## [RECORDS]
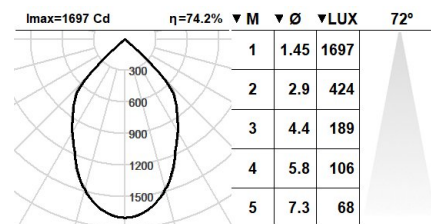

Actualitzable, substituïble, reparable

Nota

La tecnologia i el rendiment del LED estan en constant evolució. Per tant, cal validar les dades tècniques amb ROVASI per assegurar que segueixen essent vigents. Les dades actualitzades es facilitaran sota petició. [Data última revisió 20.09.2024]

5 anys de garantia

BSI Cert ISO 9001:2015 - n°FM 39346

BSI Cert ISO 14001:2015 - n°EMS 554685

ROVASI S.L.

Ronda de la Font Grossa, 15

Pol. Ind. La Gavarrà

08540 Centelles | Barcelona

Contacte

T. +34 93 881 35 12

T. +34 93 881 37 13

info@rovasi.com

www.rovasi.com

## [WORK TASK]
Every line of the records above should be reproduced exactly, with no pictures included.

## [OUTPUT OF THE TASK]
Actualitzable, substituïble, reparable

Nota

La tecnologia i el rendiment del LED estan en constant evolució. Per tant, cal validar les dades tècniques amb ROVASI per assegurar que segueixen essent vigents. Les dades actualitzades es facilitaran sota petició. [Data última revisió 20.09.2024]

5 anys de garantia

BSI Cert ISO 9001:2015 - n°FM 39346

BSI Cert ISO 14001:2015 - n°EMS 554685

ROVASI S.L.

Ronda de la Font Grossa, 15

Pol. Ind. La Gavarrà

08540 Centelles | Barcelona

Contacte

T. +34 93 881 35 12

T. +34 93 881 37 13

info@rovasi.com

www.rovasi.com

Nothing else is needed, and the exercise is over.